They hadn’t left him very good ink. It would have to do. Still, when he tilted the bottle back and forth, he noticed the slight sediment, and sighed. Well, it wasn’t as though he expected to get much more use out of this fountain pen anyway, with its cap-band that rotated round and round, and the slight brassing of the clip, and the worrying rattle it sometimes made.
The paper wasn’t much better. He didn’t know how he was supposed to work with something to small. They had given him a study with a fine desk, and a profusion of lanterns, enough to make him wonder if they were trying to set the ceiling afire. (Of course not. He knew that. But.) A polished board to write on, only slightly scratched at one corner, and blotting paper upon which he could see mirror-writing poetry in dusky violet. (Normally he didn’t care for violet. But it was different when it was a reversed glimpse of someone’s love-note.)
But the paper, the paper–the paper was a smallish sheet, no taller than his forearm, and half again as wide. Perfectly adequate to write a letter to a friend or a challenge to an enemy, or possibly to make a paper airplane with. Not so good for his purposes.
Still, he had what he had, and he might as well make the most of it. He inked up the fountain pen (lever filler, at least the lever didn’t stick like the other one) and wiped off the nib and feed with his sleeve. Horrible habit, but he wore black shirts for a reason, and at this point it wasn’t as though it mattered. The light in the room guttered just a little, but he ignored it, and besides, there was still plenty to see by.
He bent slightly in spite of himself, feeling the preliminary ache in his shoulders. But his hand, his hand was steady. And he began to draw.

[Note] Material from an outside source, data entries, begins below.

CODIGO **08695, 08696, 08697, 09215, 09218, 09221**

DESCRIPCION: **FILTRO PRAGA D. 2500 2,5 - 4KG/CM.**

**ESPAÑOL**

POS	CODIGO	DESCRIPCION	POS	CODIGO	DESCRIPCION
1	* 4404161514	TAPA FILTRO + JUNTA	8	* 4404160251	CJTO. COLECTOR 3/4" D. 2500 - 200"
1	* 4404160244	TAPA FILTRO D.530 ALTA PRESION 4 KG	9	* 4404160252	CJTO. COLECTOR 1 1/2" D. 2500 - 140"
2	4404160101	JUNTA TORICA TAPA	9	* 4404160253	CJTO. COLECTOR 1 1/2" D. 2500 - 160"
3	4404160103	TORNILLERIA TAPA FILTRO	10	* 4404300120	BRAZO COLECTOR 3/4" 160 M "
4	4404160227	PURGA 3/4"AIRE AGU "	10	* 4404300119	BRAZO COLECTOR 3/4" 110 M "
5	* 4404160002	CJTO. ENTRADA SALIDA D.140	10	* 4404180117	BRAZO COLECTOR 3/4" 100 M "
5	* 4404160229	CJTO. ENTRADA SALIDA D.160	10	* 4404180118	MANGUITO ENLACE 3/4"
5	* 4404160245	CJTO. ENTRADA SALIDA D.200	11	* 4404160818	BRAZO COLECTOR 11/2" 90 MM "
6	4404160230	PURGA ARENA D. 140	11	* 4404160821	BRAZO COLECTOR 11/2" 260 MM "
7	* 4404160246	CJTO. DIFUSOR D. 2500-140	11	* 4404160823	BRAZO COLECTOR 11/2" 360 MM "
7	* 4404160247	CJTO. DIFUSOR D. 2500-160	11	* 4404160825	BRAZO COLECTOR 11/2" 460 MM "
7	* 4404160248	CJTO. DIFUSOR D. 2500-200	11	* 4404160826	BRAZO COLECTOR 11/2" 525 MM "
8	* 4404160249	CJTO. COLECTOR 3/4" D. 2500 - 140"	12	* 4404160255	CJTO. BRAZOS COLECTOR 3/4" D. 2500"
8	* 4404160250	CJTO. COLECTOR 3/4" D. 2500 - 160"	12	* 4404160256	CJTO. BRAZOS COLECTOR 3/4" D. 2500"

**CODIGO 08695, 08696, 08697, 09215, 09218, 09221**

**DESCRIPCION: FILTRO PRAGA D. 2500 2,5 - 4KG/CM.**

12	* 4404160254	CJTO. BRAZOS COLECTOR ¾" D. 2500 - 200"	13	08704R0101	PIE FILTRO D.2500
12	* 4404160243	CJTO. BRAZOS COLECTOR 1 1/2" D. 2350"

He drew tiny hatches that coalesced into shadowy gradients. He drew perfect round little dots and joined them together into ropes like pearls, or dewdrops, or blood falling down long shanks of bone. He drew sweeping curves that made him think of swallows in their flight, or kelp abandoned on the shore, or hair unbound and falling through his fingers.
In a careless moment, his thumb brushed the side of the nib. He wiped the ink off on his sleeve, and waited for it to dry.

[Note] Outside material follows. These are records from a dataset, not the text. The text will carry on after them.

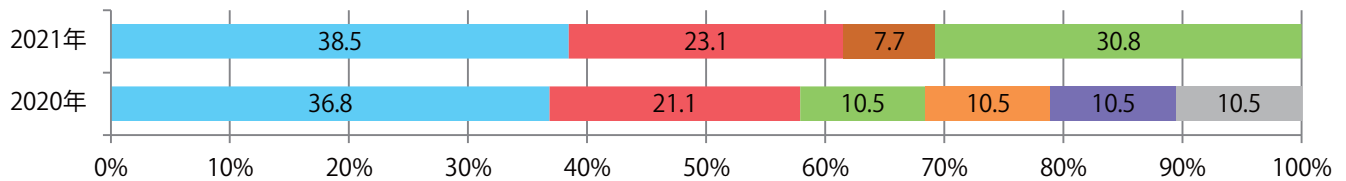

月・火曜に57%が集中。B4未満のサイズが3割近くを占める。大半が両面フルカラーで、他はフルカラー／2色のみ。

月別折込枚数（県内8地区平均）

年間最多枚数 年間最少枚数

	1月	2月	3月	4月	5月	6月	7月	8月	9月	10月	11月	12月
2021年	0.9											
2020年	1.6	1.8	0.8	0.3	0.3	1.5	2.1	1.9	1.8	1.8	1.8	1.5
2019年	1.4	1.3	1.6	1.6	1.1	2.1	1.9	1.4	2.0	2.0	2.0	2.4

地区別折込枚数・前年比

曜日別構成比 (%)

サイズ別構成比 (%)

色数別構成比 (%)

日曜がもっとも多く、次いで水・月曜の順に多い。B4未満のサイズが46%を占める。
両面フルカラーに次いで多いのは、片面フルカラーの23%。

■月別折込枚数（県内8地区平均）

■ 年間最多枚数 ■ 年間最少枚数

	1月	2月	3月	4月	5月	6月	7月	8月	9月	10月	11月	12月
2021年	1.6											
2020年	2.4	2.6	1.4	1.0	0.9	2.6	2.6	2.0	2.3	2.4	3.3	1.3
2019年	2.8	2.0	2.8	1.8	2.6	2.5	2.9	1.5	2.6	4.9	2.5	2.6

■地区別折込枚数・前年比

■ 2020年 ■ 2021年 ● 前年比

■曜日別構成比 (%)

■ 日 ■ 月 ■ 火 ■ 水 ■ 木 ■ 金 ■ 土

■サイズ別構成比 (%)

■ B 1 ■ B 2 ■ B 3 ■ B 4 ■ B 4 未満 ■ 特殊

■色数別構成比 (%)

■ 1c/0c ■ 1c/1c ■ 2c/0c ■ 2c/1c ■ 2c/2c ■ 4c/0c ■ 4c/1c ■ 4c/2c ■ 4c/4c

He straightened, breathing in and out calmly, meditatively. While the ink almost certainly wasn’t waterproof, and almost certainly would fade over time, he had only one chance to get this right.

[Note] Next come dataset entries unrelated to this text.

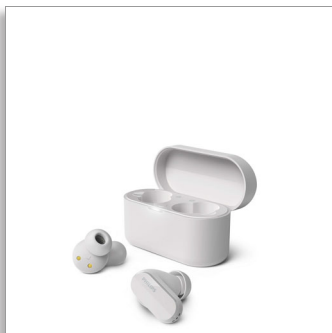

Philips
Skutočne bezdrôtové
slúchadlá

Zvuk prírody

Potlačanie hluku
Zreteľnejšie hovory na cestách
Bluetooth LE Audio

TAT3508WT

Hudba alebo hovory, plynulosť počas celého dňa

Buďte vždy vo víre diania! Tieto skutočne bezdrôtové slúchadlá s potlačením hluku majú skvelý zvuk a znižujú hluk vetra. Môžete sa ponoriť do hudby alebo si vychutnávať jasne zrozumiteľné hovory na cestách. Vložte si puzdro na nabíjanie do vrecka a budete pripravený na celý deň.

Then he inked slow straight lines, arrow-earnest and unsmiling. Sometimes you needed to know the fastest way home, after all. He inked spirals, devastating in the distances they implied, drawing around their bright-sweet haze, and globes, some of them flattened. The occasional grace note of an ellipse.
At last the lanterns were flickering low, later, much later. Much more than a day later, for sure. He always knew. Carefully, he inked the last line and capped his pen. He closed his eyes. Time to sleep.
The lanterns in the room keened bright again, and the paper fluttered to the floor, but the man was already snoring.
For storme. Prompt: “inked spirals.”
I can’t even remember how I got into fountain pens. I make no claims that the hobby is practical, but I love my (small) pen collection, and the experience of working with ink, smudges and all. (No spills yet, knock wood.)